This is not universal, a French bar will likely have customers address each other Monsieur le Professeur, Docteur or whatever profession they pursue. In an American bar your status is often based on how much money you make. All these things break the golden English pub rules of social discretion.
In a good pub the landlord or landlady will always be there, they will know their regulars, the relationship is based on mutual respect. Special seats or spaces are acknowledged, a good pub has an eco balance all of its own, most decent pubs welcome well behaved dogs which remarkably pick very quickly on the rules of the house.

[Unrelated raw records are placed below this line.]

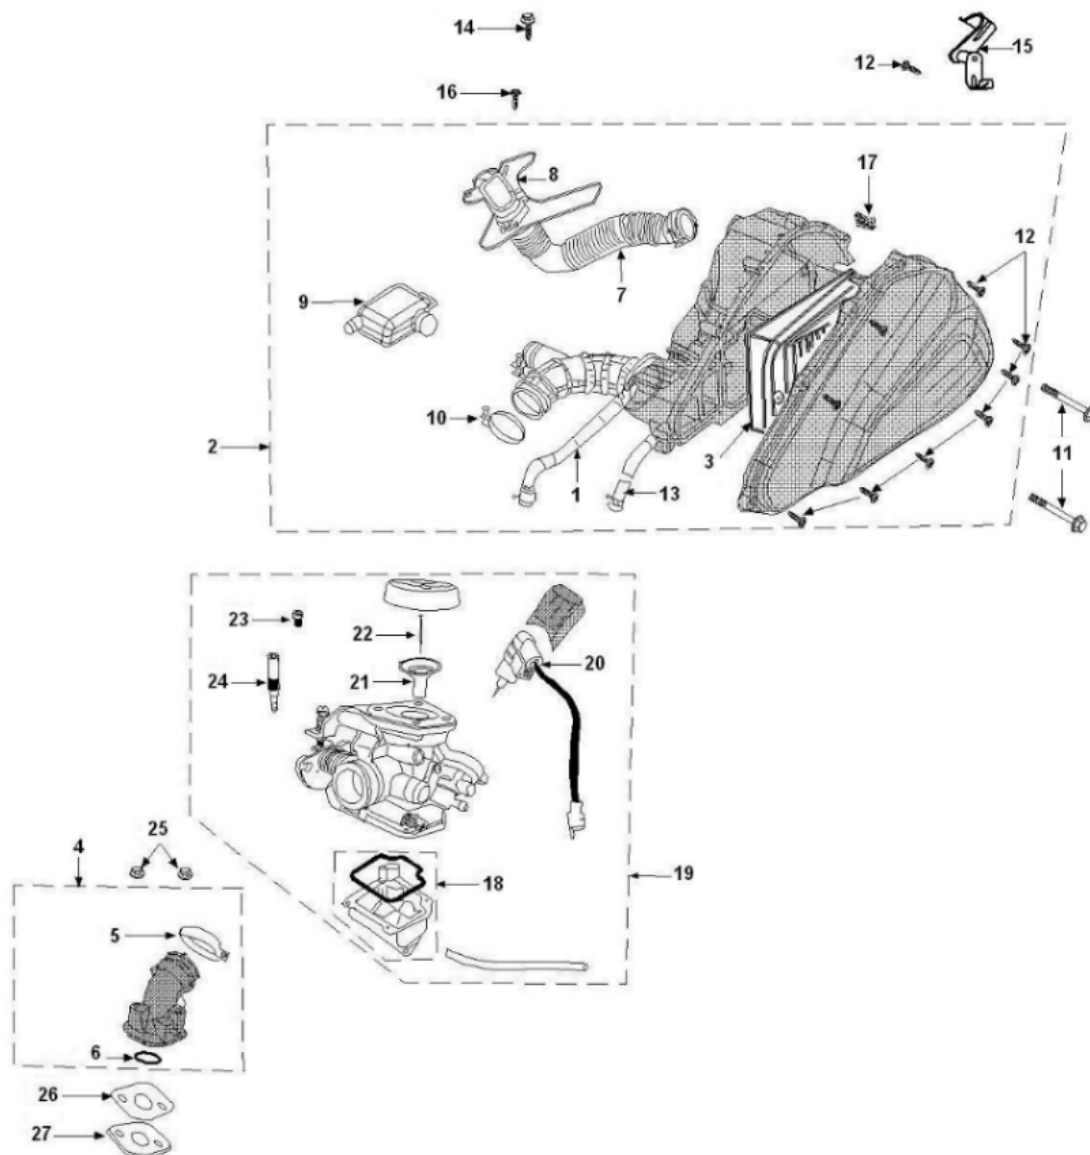

Marke MOTOR
 Modell PEUGEOT
 Ausführung TWEET 4T
 9

MOKIX

Zeichnung MA.LUCHTFILTER CARBURATEUR (7645)

Verzeichnis	Artikelnummer	Beschreibung
01	801930	PEUGEOT TWEET SCHLAUCH LUFTFILTER
02	801931	PEUGEOT TWEET/SYM SYMPHONY LUFTFILTERKASTEN KOMPL
02	91643	LUFTFILTERKASTEN SYM FIDDLE/CHELLO/ALLO KOMPLETT
03	90414	LUFTFILTER SYM TONIK/SYMPHONY/PEU TWEET ELEMENT
04	801919	ANSAUGSTUTZEN PEUGEOT/SYM 4t 50cc ORG
05	92233	SHELLE ANSAUGGUMMI CHINA 4T GY6
06	21350	O-RING 23.0x1.9 ANSAUGSTUTZEN SYM/PEUGEOT 4T ORG
07	801936	PEUGEOT TWEET LUFT SCHLAUCH A
08	801937	PEUGEOT TWEET LUFTSCHLAUCH B
09	801938	PEUGEOT TWEET LUFTKASTEN
10	90378	SHELLE ANSAUGGUMMI CHINA 4T GY6
11	89558	FLANSCH MOTOR SCHRAUBEN SW 8 M6x30 SCHWARZ 10st
12	89885	BLECHSCHRAUBEN SATZ 5.0x20mm SCHWARZ 10st
13	801939	PEUGEOT TWEET SCHLAUCH
15	802289	PEUGEOT TWEET MONTAGE STUCK LUFTFILTER

Verzeichnis	Artikelnummer	Beschreibung
17	755428	PEUGEOT TWEET MUTTER 5
18	801928	nicht im Programm
19	801650	VERGASER PEUGEOT TWEET/SYM MIO/FIDDLE 25km ORG
20	89716	ELEKTRISCHE CHOKE CHINA 4T GY6 (STEKKER)
21	802099	VERGASER MEMBRANE PEUGEOT/SYM 4T TWEET ORG
22	802100	PEUGEOT TWEET SWIMMERNADEL
25	10191	FLANSCHMUTTER M6 10 stück
26	801651	DICHTUNG ANSAUGSTUTZEN PEUGEOT/SYM 4T ORG (1)
27	801652	ANSAUGSTUTZEN ISOLIERPLATTE PEUGEOT/SYM ORG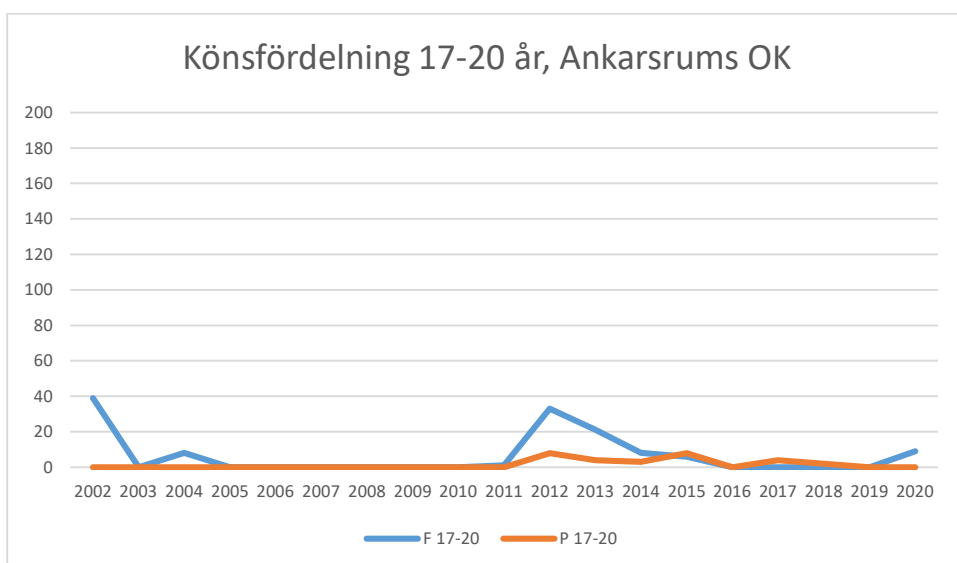

Sverige

Småland

Alstermo IF

Alvesta SOK

Anderstorps OK

Ankarsrums OK

Annebergs Golf

Bodafors OK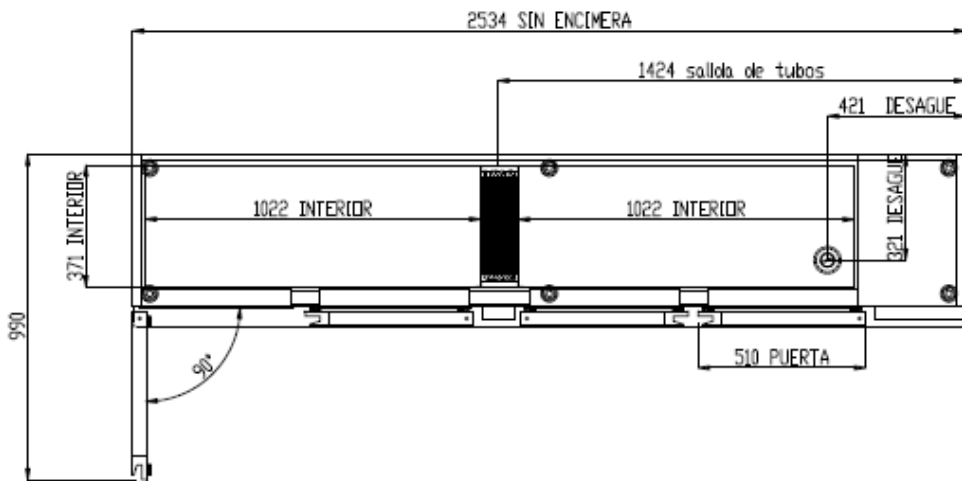

SCHEMAS TECHNIQUES

**SB-SBI-150**

SECCIÓN SIN ENCIMERA

6027010116-PARRILLA EXTREMOS 465x355 mm  
 6033210019 - SOPORTE CREMALLERA INOX 17x6

**SB-SBI-200**

SECCIÓN SIN ENCIMERA

- 6027010116-PARRILLA EXTREMOS 465x355 mm
- 6027010117-PARRILLA CENTRAL 542x355 mm
- 6033210019 - SOPORTE CREMALLERA INOX 17x6

**SB-SBI-250**

SECCIÓN SIN ENCIMERA

- 6027010116-PARRILLA EXTREMOS 465x355 mm
- 6027010117-PARRILLA CENTRAL 542x355 mm
- 6033210019 - SOPORTE CREMALLERA INOX 17x6

**SBP-SBIP-120**

SECCIÓN SIN ENCIMERA

- 6027010116-PARRILLA EXTREMOS 465x355 mm
- 6033210019 - SOPORTE CREMALLERA INOX 17x6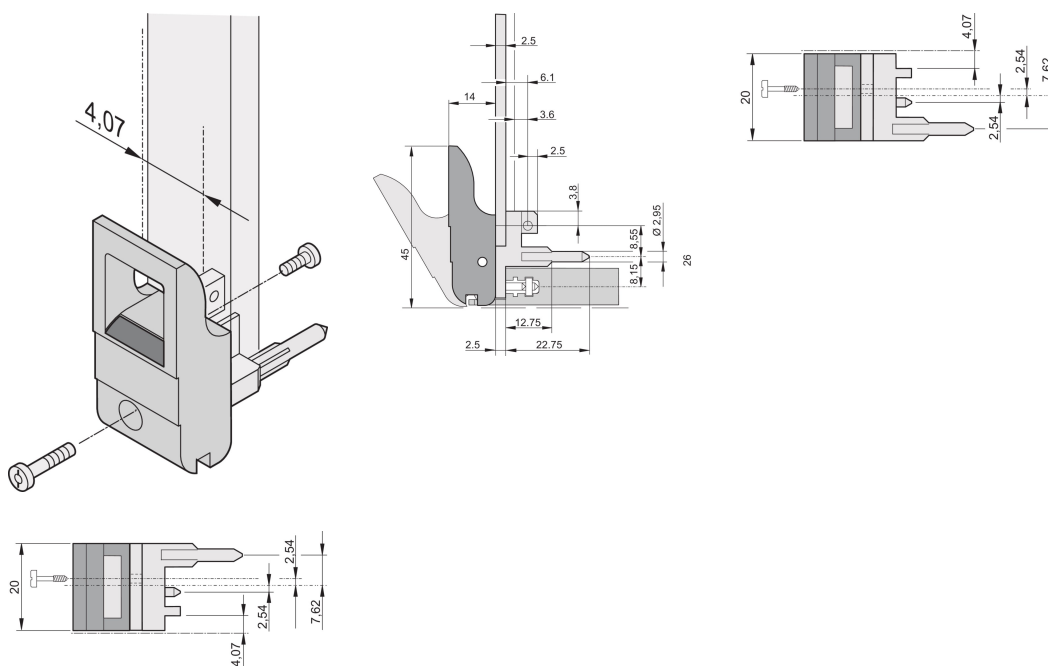

# Mango de insertor/extractor tipo IET, palanca gris, botón negro, parte superior, 10 piezas

## NÚMERO DE CATÁLOGO

**20817-662**

El mango del insertor/extractor, tipo IET de acuerdo con IEEE 1101.10. Dos de estos mangos pueden superar una fuerza de palanca única de 700 N (por par).

## CARACTERÍSTICAS

Adecuado para fuerzas de inserción y extracción de hasta 700 N (por par)

De acuerdo con IEEE 1101,10 e IEC 60297-3-102

Se puede montar un microinterruptor

Con bloqueo

Con pin de alineación integrado para tira perforada

## ATRIBUTOS DEL PRODUCTO

Cantidad del paquete: 10

Tipo de mango: IET; Frente superior; I/O trasero inferior

Grado de inflamabilidad: UL® 94V-0

Color: Gris

De conformidad con: EN 45545-2

Material: Policarbonato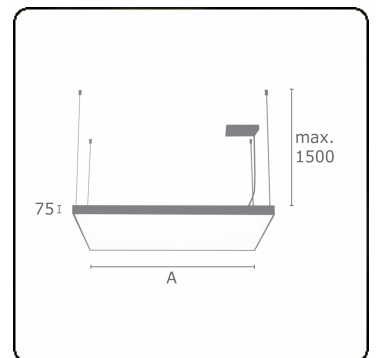

Lichttechnische gegevens

UGR	>19
CIE Fluxcode	46 77 94 100 100

Afmetingen

A	900 mm
---	--------

Opmerkingen

Pendelarmatuur - Direct - satiné - HO - ANO

ENERGY

Verrijgbaar op aanvraag.
Disponible sur demande.
Available on request.
Auf Anfrage.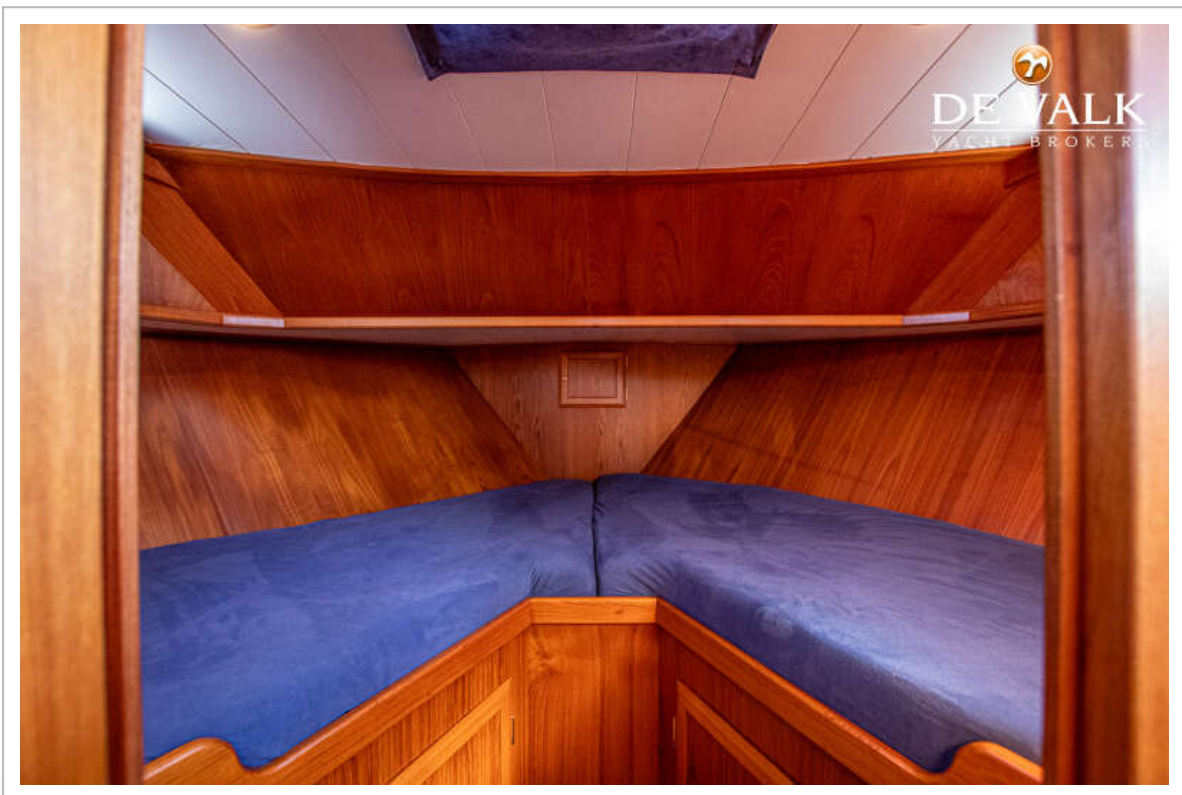

ABIM CRUISER 117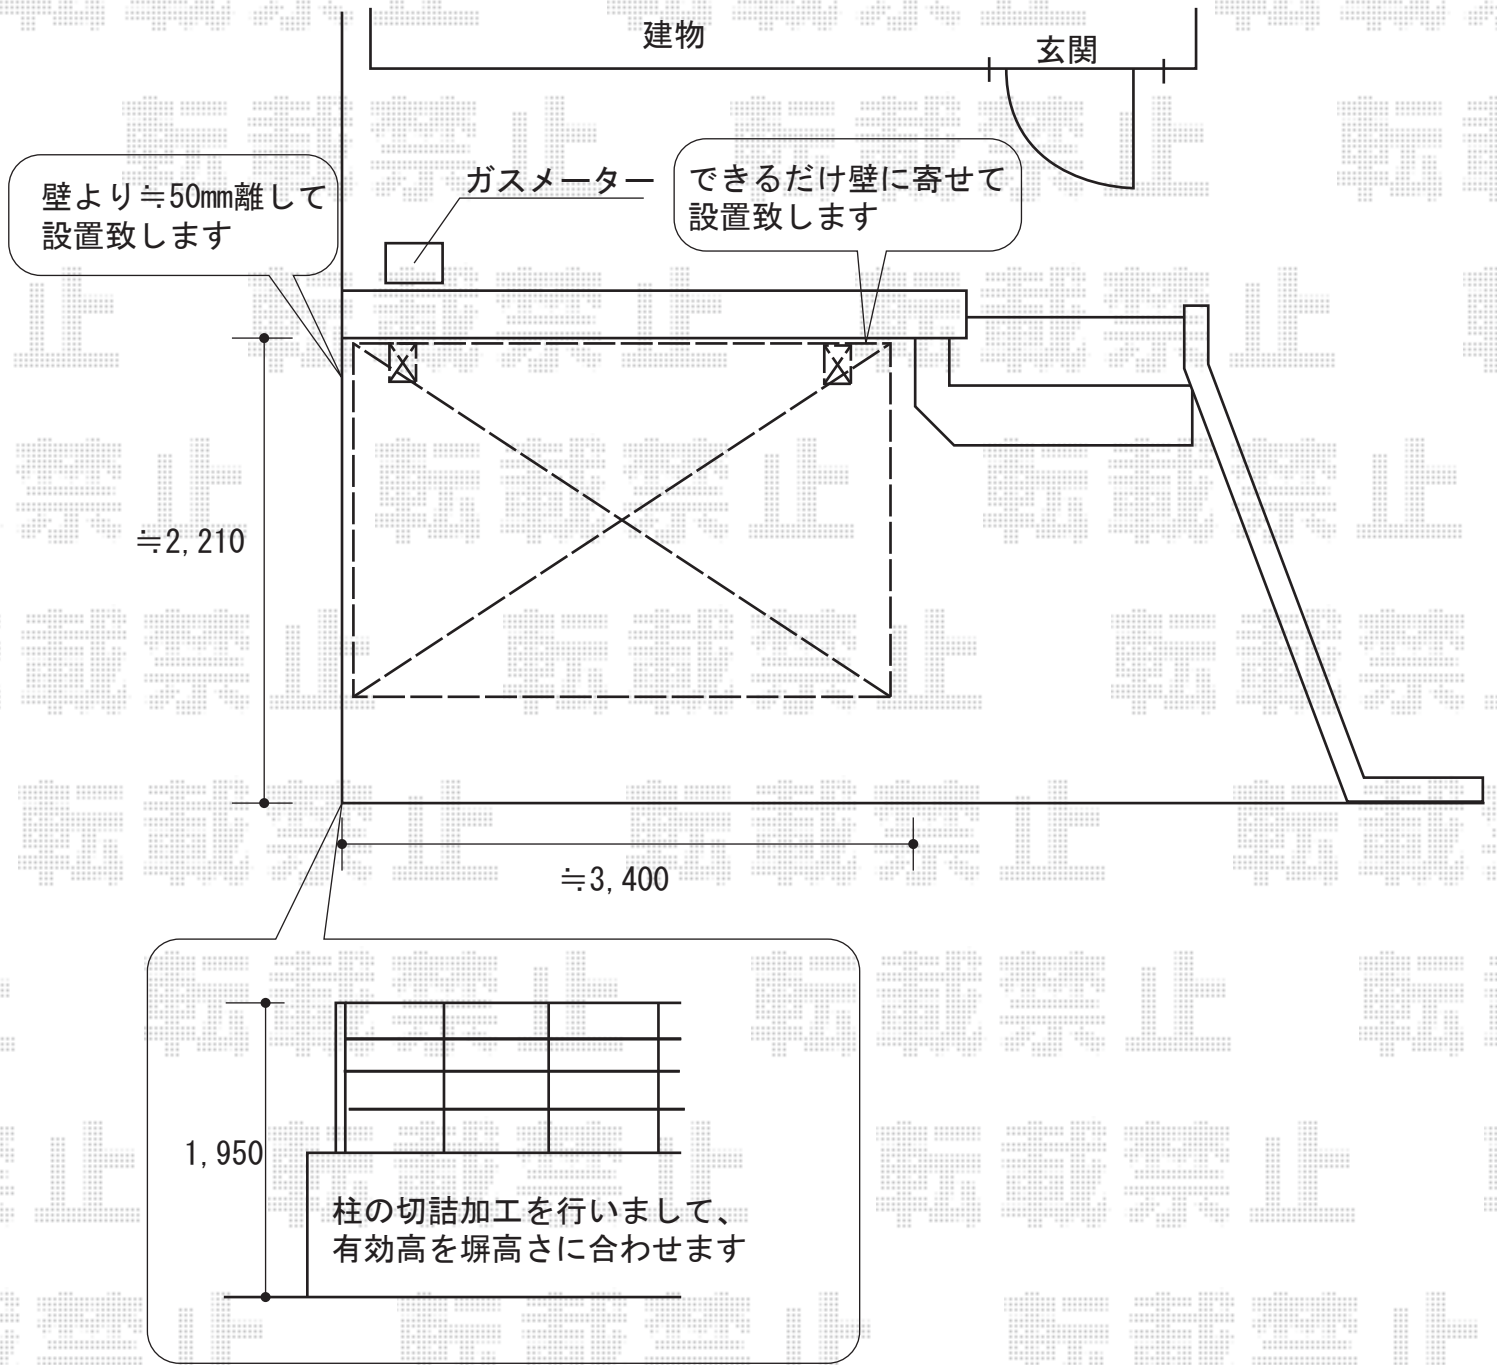

キューブポート ミニ 積雪～20cm対応

TOEX キューブポート ミニ 積雪～20cm対応
幅=1,807mm
奥行=2,876mm
色：シャイングレー
屋根材：熱線吸収ポリカーボネート
(クリアブルー・すりガラス調)
柱仕様：標準柱仕様 (有効高 約2,236mm)

現場状況や作図制限により概略図の内容と多少の違いが生じることがございます。
施工時は、現場優先とさせて頂きたく思いますので、お立会い頂き、
最終のご指示のほど、何卒、宜しくお願い致します。

The pulse of the nation can be felt in the ‘local’. There will be a running theme of common sense, pragmatism & practicality. Politicians hate pubs, they only visit them at election times to pretend to enjoy a pint. Politicians are wine drinkers almost to a man. They hate pubs where there is a free exchange of ideas across the social classes, which is why taxation & regulation policies are designed to close them down in large numbers. The State wants us to watch carefully controlled TV & stick to buying cheaper alcohol from their sponsors the big supermarkets.
My local, well I admit to two, serves very high quality real ale & being in the heart of rural East Yorkshire enjoys a brand of humour so politically incorrect it makes me look like a Guardian reading snowflake.
I have worked abroad over the years in various parts of the world, not for too long because I cannot live without real ale in a real pub. I have many young English friends who have little choice but to work abroad to further their professional careers, they all unhesitatingly bemoan the loss of access to a pub & the dry wicked humour that goes with them in whichever county they might be.